August 2, 2016 Manafort -- still campaign manager -- met with Kilimnik in NYC. Mueller reports that they discussed the campaign's efforts at focusing on voters in midwestern states. You know, like Wisconsin and Michigan. How is that not tantamount to the Trump campaign telling the Russians, "If you want to help, this is where we most need it and think it could be most effective." ? (Almost like yelling out, "Hey Russia, find Hillary's personal emails for us!", isnt it?)

But Mueller "can't establish" that that was Trump Campaign - Russian govt coordination? Why, because Kilimnik SAYS he's not a Russian intell asset? What else is he gonna say? Why ELSE would he give a shit about the Trump campaign's work? A special counsel can't make a call like that for himself? WTF?

If quid pro quo is needed to tie a nice bow on such dealings, part of what Kilimnik delivered to Manafort at that same meeting was that Russians-in-Ukrainian-sheep's-clothing would be requesting prospective future President Trump to support Russia controlling eastern Ukraine. A "peace plan," they called it. One that sounds similar to one that Jared's Russian contacts later had him back-door to Sec of State Tillerson.

But this conspiring fails Mueller's strict -- read, unrealistic -- requirements because Kilimnik isn't directly on the Kremlin, FSB, GRU, IRA, etc, government payroll... or, they can't prove he is, at least. A requirement for prosecution that just flies in the face of the realities that exist in Russia. It's a kleptocracy, with the Kremlin in the center running the sprawling, finger-in-every-pie organized crime system that is the 21st century Russian business sector. Billionaire oligarchs have their industries and their wealth because Putin allows them to, in return for which they all cooperate with Putin, support him, kick-back to him (he may be the real wealthiest man in the world), and do his bidding. Else they get charged with corruption, lose their wealth to the Kremlin, and have to either flee the country or go to the ex-oligarch gulag.
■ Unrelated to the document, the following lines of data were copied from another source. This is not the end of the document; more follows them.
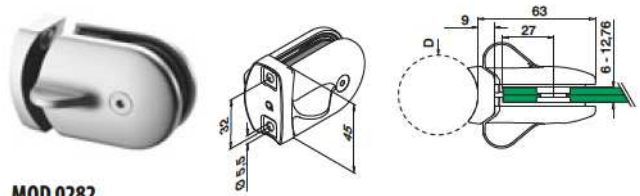

Glass - glass

MOD 0282

316

OUTDOOR

14.0282.500.12

1

DESIGN product

International Design Model Protection

Tube - glass

MOD 0282

316

OUTDOOR

14.0282.042.12

Ø 42,4

1

QS-13 335

14.0282.048.12

Ø 48,3

QS-13 335

1

DESIGN product

International Design Model Protection

Q-INFO MOD 0282.500

MOD 0282.500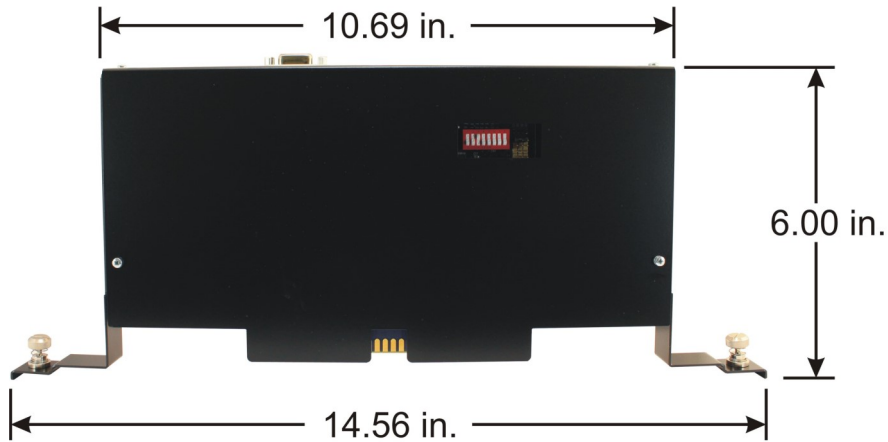

0 0 0 0 0 0 0 0 0 0 0 0 0 0 0 0 0 0 0 0 0 0

2500 Series[®] Compact System

2500C-RADP-RBC Profibus DP Remote Base Controller

Configuring the Module

0 0 0 0 0 0 0 0 0 0 0 0
0 0 0 0 0 0 0 0 0 0 0 0
0 0 0 0 0 0 0 0 0 0 0 0
0 0 0 0 0 0 0 0 0 0 0 0
0 0 0 0 0 0 0 0 0 0 0 0
0 0 0 0 0 0 0 0 0 0 0 0
0 0 0 0 0 0 0 0 0 0 0 0
0 0 0 0 0 0 0 0 0 0 0 0
0 0 0 0 0 0 0 0 0 0 0 0
0 0 0 0 0 0 0 0 0 0 0 0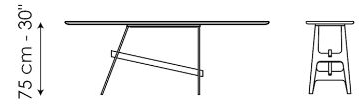

Data sheet

Width: 140cm
Depth: 49cm
Height: ± 75cm

Width: 160cm
Depth: 49cm
Height: ± 75cm

Width: 180cm
Depth: 49cm
Height: ± 75cm

Width: 200cm
Depth: 49cm
Height: ± 75cm

Finishes

TOP

Ceramic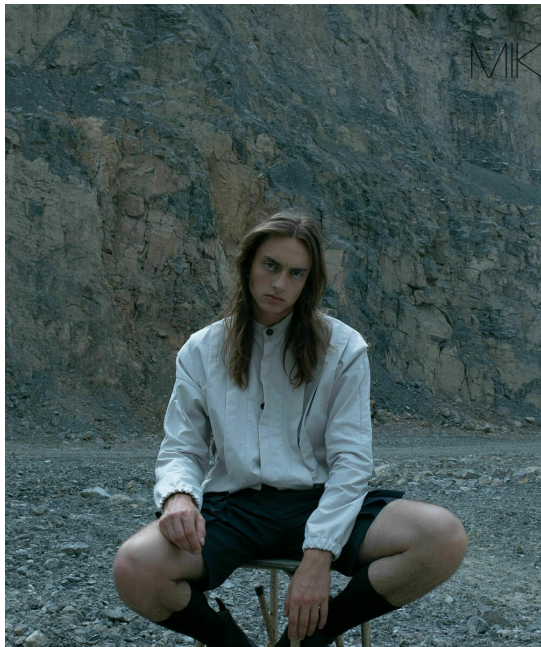

MIKAD

HEIGHT: 191cm / 6' 3" CHEST: 94cm / 37"
SHOES: 44.5EU / 10.5US / 10UK

WAIST: 76cm / 30" HIPS: 98cm / 38.5"
HAIR: dark blond EYES: hazel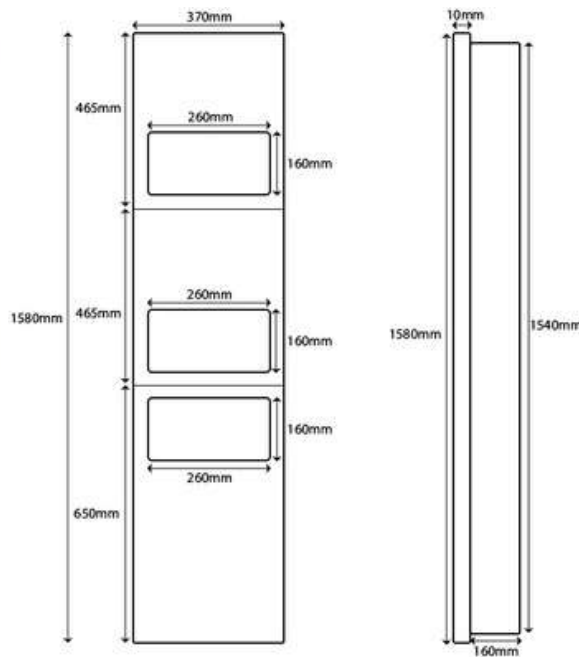

ZX1580

Products Name : Concealed Paper Dispenser & Disposal with Hand Dryer
Material : Stainless Steel 304
Installation Type : Wall Mounted
Application Place : Public Toilet, Washroom, and Etc
Functions : Put toilet tissue paper and rubbish bag to throw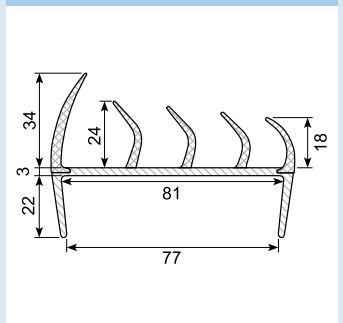

50.083080G

Material: PVC co-ex profile 65 mm.
Grey / grey lips
Length: 5 m
With 2 soft lips

50.083088 *

Material: PVC co-ex profile 81 mm.
Black
With 5 soft lips
Min. order: 250 m

50.083089 *

Material: PVC co-ex profile 81 mm.
Black
With 5 soft lips
Min. order: 250 m

Co-ekstruderede plastprofiler / Co-extruded plastic profiles

50.083090

Material: PVC co-ex profile 83 mm. Light grey / light grey
Length: 5 m
With 4 soft lips

50.083095B *

Material: PVC co-ex profile 84 mm. White / black lips.
Length: 5 m
Min. order: 500 m
With 4 soft lips

50.083095 / 50.083095G *

Material: PVC co-ex profile 85 mm. White / black lips.
Length: 5 m
With 4 soft lips
50.083095G: Min order: 250 m.

54.710780 *

Material: PVC co-ex profile 85 mm. Black / grey
Hardness: Hard / soft
Length: 3 m
With 4 soft lips
Min. order: 50 pcs.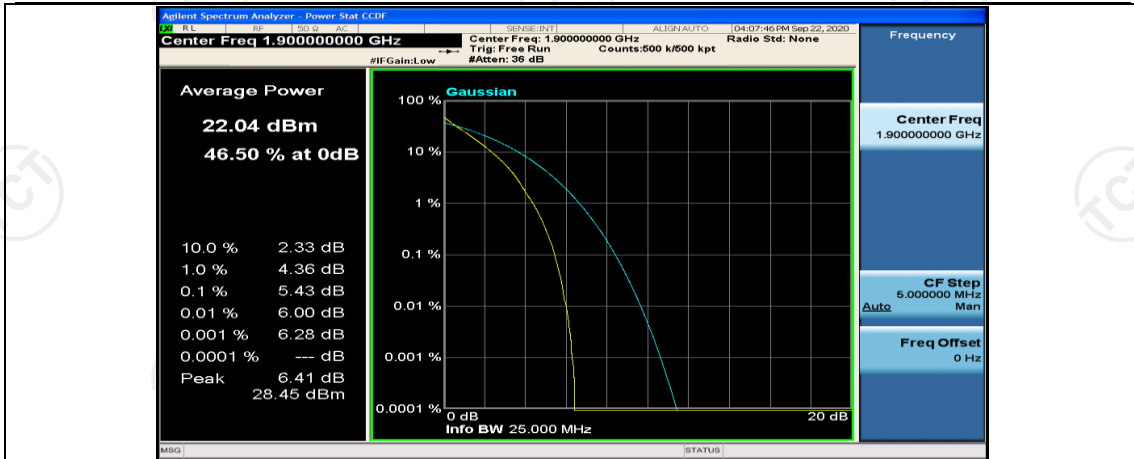

(Channel Bandwidth:20 MHz)_HCH_QPSK_50RB#25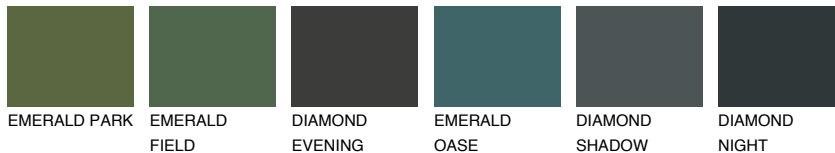

ANTARCTICA1 AN1

81% **TSR** 71%

Matching colours

COLOURS

INTENSE

For more information on plasters and paints, go to
www.ceresit.ee

*The presented colours refer to plasters and paints offered by Ceresit. Due to the use of digital techniques, the presented colours might not represent the original ones, thus they cannot be considered as a reliable colour presentation. We recommend checking the authentic colour samples.

Oligarchs like Kilimnik and Deripaska already ARE assets and agents of the Russian government in every way that matters, and incredibly well-compensated ones, too. They just lack Kremlin Employee ID cards in their wallets. But apparently that alone is enough for Mueller to be "unable to establish" campaign-&-Russian-govt conspiracy or coordination, and to thereby grant the malicious Putin stooge in the White House the bona fides he needs to stay out of jail and in office.

Putin has all kinds of leverage over Trump, and that hasn't magically just gone away. Examples:
-- The details of many years, decades, of laundering dirty Russian money through Trump real estate.
-- The details of Trump pursuing a Moscow development deal during the campaign.
-- The Russians trying to get Trump property to develop in, of all places, Crimea. (! What a coup for Putin that wouldve been.)
-- Proof of what was really said in all of the many Russia-Trump Campaign communications.
-- Revelation of the true and full extent of Russia's 2015-2016 pro-Trump interference in our election. Putin could publicly de-legitimatize the Nov 2016 outcome any time he chooses.
-- What this oft-pursued private meeting with Putin during the campaign was going to be about, the one so many people were always trying to set up. It didn't happen, but both Trump and Putin HAD to know the prospective agenda. What was that?
-- Even Trump himself believes Putin has sexual shenanigans kompromat on him.
That's a partial list, and a partial list of just what we know or have seen the indications of. The full range of exortion fodder the Kremlin is holding over Trump may include things nobody here even has a clue of yet.

And the Mueller Report officially informs us the FBI is gonna sit still for all this.

(Icing on the absurdity, idiots in the media instantly pronounced, "Our bad! We were wrong! Trump's campaign never colluded with Russia and Trump has never been beholden to Putin at all! Mueller proved it!" Mueller proved no such thing.)

Our federal government's ability to prosecute criminals like Trump and protect us from foreign malefactors like Putin has broken down. It's ineffective; from appearances, now next to impotent. This has been a staggeringly harmful outcome for our nation.